Lei interverrà al convegno Democrazia e verità. Tra degenerazione e rigenerazione promosso dalla Fondazione Centro Studi filosofici di Gallarate che si terrà a Roma nei prossimi giorni. Sul tema lei ha pubblicato un volume uscito anche in traduzione italiana, greca e cinese. Quali ritiene che siano, oggi, i problemi più rilevanti che i Paesi democratici devono affrontare?

I problemi che hanno i paesi democratici riguardano la relazione tra democrazia e verità. Se si intende la partita politica come un gioco di interessi o di identità culturale senza pretese di verità allora il discorso pubblico si trasforma in un grande teatro dell’illusione. Per esempio nel mentre si propone un argomento a favore di un progetto politico lo si concepisce come espressione di interesse o di identità culturale. Nel frattempo il populismo di destra usa la svalutazione della verità per i suoi scopi. Se tutto è illusorio allora everything goes.

Provocatoriamente si potrebbe osservare che la questione del rapporto tra democrazia e verità non sembri però di grande attualità nel dibattito politico: forse si dà per acquisito che la tensione sia risolta dal meccanismo democratico stesso basato sulla regola di maggioranza e sulla possibilità per tutti di esprimere il proprio parere su qualsiasi tema.
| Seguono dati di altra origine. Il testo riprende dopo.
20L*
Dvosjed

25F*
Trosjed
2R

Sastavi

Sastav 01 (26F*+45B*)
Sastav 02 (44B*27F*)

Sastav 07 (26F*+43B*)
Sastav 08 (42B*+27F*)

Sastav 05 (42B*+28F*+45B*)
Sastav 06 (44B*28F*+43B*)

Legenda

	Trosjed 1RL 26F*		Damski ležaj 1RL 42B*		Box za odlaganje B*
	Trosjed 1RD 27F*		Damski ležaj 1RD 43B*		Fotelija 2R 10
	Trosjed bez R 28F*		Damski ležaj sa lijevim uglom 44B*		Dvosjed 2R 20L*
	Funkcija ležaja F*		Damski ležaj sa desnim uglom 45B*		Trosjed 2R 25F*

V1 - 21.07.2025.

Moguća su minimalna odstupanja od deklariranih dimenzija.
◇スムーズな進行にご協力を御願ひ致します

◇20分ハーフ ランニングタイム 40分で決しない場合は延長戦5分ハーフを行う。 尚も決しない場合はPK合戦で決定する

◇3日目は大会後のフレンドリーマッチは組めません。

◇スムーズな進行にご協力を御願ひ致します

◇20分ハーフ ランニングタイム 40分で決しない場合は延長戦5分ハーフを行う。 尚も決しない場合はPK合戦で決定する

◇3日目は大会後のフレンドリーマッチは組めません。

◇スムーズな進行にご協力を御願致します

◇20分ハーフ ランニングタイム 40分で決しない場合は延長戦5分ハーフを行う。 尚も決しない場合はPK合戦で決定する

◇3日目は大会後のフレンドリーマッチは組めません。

In che senso a suo parere è invece urgente una nuova riflessione su questo tema?

La regola della maggioranza per sé non costituisce la democrazia altrimenti il regime nazista in Germania dal 1933 fino alla fine della seconda guerra mondiale sarebbe stato una democrazia! La democrazia è un sistema abbastanza complesso: senza diritti individuali non esiste la democrazia; la democrazia senza la disponibilità di partecipare politicamente ai processi politici per esempio nei consigli comunali non funziona. Senza spendersi per chiarire che cosa è il bene comune, senza un impegno per uno stato sociale sufficientemente giusto non c’è democrazia. La democrazia dipende in gran parte da un’immagine coerente della realtà. Perciò una democrazia senza la ricerca di una verità empirica e normativa non esiste. E adesso con i populismi di destra e di sinistra questi pericoli sono più attuali che mai.

La democrazia vive – anche – di informazione e comunicazione e lei ne parlerà nella sua relazione dal titolo Democrazia e verità all’epoca della comunicazione digitale. Come ritiene si possa agire rispetto alla questioni della accessibilità alla informazione, del monopolio della produzione di informazione, della costruzione strumentale delle notizie?
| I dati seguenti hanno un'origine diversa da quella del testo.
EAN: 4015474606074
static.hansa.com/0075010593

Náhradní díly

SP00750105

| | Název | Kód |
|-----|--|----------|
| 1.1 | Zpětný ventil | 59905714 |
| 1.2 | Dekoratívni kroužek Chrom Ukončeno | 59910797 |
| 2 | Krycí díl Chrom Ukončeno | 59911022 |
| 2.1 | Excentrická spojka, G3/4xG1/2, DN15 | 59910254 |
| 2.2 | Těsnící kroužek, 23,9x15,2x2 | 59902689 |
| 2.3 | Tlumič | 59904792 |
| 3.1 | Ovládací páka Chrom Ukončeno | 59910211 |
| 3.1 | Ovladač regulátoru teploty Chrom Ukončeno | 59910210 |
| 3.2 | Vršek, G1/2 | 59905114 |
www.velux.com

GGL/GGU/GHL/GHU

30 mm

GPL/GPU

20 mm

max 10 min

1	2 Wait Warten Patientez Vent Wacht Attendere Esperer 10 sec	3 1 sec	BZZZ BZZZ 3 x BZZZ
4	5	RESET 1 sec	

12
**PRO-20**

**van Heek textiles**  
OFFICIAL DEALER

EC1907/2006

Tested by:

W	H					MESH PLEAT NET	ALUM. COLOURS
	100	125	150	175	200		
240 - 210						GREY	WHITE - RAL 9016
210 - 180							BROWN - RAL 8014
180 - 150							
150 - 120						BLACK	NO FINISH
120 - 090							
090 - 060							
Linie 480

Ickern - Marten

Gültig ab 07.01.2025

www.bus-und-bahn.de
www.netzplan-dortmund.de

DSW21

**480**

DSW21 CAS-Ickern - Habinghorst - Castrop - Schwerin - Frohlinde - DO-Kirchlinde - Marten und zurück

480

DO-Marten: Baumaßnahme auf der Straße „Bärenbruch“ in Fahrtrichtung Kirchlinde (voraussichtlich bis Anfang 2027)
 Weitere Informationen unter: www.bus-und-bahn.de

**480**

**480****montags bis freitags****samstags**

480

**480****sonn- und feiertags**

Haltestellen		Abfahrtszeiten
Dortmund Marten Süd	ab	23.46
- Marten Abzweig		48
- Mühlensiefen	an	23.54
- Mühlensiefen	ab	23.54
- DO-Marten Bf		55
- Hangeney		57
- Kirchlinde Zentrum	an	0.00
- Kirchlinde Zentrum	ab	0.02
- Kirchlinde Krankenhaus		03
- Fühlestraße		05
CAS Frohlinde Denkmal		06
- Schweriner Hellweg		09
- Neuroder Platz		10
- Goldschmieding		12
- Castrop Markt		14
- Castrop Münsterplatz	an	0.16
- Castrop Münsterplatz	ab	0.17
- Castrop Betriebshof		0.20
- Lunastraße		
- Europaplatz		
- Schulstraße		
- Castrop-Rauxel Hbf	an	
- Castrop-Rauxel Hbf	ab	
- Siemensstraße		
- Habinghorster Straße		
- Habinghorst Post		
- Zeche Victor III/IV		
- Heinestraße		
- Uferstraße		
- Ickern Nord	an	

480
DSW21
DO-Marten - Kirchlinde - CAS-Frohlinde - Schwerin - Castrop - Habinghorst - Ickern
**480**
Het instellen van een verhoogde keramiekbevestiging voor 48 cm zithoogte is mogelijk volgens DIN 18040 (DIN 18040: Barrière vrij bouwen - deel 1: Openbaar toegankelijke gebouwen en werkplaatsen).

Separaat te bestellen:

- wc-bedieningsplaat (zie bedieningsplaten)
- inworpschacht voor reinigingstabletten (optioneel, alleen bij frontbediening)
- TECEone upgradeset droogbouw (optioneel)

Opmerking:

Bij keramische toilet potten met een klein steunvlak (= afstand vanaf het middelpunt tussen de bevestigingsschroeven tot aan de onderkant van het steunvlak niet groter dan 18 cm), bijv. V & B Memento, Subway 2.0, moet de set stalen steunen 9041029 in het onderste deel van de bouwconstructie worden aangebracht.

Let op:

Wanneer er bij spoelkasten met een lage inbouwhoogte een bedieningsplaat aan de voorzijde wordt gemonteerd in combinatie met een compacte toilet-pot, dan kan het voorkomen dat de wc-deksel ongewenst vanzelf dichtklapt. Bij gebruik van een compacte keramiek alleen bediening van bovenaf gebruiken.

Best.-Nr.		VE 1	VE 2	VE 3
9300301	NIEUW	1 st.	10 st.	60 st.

La comunicazione digitale è infatti ambivalente. Da una parte aiuta la partecipazione politica; dall’altra conduce a una sfera pubblica compartimentata. Attualmente c’è un processo di ri-politicizzazione specialmente dei giovani ma non solo e questo si svolge sui social media. Dall’altra parte le dittature usano mezzi digitali per controllare la cittadinanza.

Un grande ruolo oggi è giocato appunto dai social media e, come sappiamo, dagli algoritmi che gestiscono, di fatto, l’accesso alle informazioni, con il rischio che molti vivano in filter bubbles che causano impoverimento a livello cognitivo e anche relazionale. Quali consigli può dare a fruitori dei social e ad educatori che hanno a che fare con giovani sempre più in simbiosi con i loro smart devices?
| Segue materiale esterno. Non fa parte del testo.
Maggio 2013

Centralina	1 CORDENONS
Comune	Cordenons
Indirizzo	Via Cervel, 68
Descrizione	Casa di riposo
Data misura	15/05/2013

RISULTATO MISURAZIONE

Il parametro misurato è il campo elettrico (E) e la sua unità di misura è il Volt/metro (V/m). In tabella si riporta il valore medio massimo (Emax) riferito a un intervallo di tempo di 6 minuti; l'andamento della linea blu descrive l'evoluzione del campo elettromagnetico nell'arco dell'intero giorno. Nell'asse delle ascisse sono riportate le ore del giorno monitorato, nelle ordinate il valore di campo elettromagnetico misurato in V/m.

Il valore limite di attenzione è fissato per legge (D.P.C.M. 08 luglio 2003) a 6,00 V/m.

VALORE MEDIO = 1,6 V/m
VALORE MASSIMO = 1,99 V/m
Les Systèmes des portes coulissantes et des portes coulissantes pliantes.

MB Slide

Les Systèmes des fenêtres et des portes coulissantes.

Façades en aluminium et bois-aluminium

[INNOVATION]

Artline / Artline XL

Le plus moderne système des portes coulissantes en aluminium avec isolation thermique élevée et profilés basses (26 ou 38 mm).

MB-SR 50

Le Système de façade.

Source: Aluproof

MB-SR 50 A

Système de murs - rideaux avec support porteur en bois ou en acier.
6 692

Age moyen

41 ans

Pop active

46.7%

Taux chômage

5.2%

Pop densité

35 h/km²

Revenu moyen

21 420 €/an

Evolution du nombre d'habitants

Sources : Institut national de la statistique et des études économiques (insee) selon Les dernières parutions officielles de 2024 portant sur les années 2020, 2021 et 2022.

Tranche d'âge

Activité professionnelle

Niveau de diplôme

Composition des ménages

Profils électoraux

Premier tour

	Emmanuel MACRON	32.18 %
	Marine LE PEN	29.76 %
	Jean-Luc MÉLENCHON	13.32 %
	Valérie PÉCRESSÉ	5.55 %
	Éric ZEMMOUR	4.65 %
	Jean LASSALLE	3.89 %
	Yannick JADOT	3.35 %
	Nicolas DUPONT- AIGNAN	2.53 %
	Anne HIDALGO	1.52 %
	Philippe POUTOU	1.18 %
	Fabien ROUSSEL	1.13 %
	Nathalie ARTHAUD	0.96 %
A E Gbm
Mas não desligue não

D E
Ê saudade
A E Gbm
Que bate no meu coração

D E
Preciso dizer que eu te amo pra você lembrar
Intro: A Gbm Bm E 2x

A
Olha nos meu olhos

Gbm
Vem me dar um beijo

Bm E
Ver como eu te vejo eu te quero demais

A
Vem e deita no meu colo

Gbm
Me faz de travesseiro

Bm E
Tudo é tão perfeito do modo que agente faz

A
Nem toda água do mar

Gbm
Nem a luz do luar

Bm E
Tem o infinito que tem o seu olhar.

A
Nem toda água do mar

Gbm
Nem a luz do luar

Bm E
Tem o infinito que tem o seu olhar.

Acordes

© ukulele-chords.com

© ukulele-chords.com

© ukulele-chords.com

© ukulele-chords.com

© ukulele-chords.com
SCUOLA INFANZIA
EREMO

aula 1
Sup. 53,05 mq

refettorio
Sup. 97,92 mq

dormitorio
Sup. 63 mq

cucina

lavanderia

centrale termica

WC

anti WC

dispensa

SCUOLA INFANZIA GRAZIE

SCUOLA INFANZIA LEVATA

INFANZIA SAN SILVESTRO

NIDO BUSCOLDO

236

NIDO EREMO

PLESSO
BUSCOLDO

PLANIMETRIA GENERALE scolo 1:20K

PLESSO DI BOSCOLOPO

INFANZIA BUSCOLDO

La risposta radicale è quella che suggerisce di cambiare la direzione dello sviluppo digitale presente. Non è accettabile che i cinque giganti di Internet stabiliscano l’infrastruttura digitale. Il risultato è che tutto è guidato da interessi commerciali. Questo è un fenomeno nuovo nella storia dell’industrializzazione perché in questi ultimi tre secoli la responsabilità delle infrastrutture è stata pubblica, degli stati. La comunità europea ha la forza economica e potenzialmente anche politica di stabilire un’infrastruttura neutrale alternativa ai due modelli dominanti: quello di Silicon Valley e quello cinese. Il primo è guidato da interessi commercia-li, il secondo è controllato dallo stato. Forse è già troppo tardi per invertire questa tendenza. La formazione digitale deve orientarsi ai valori umanistici di Urteilskraft (capacità di giudizio) e autonomia personale.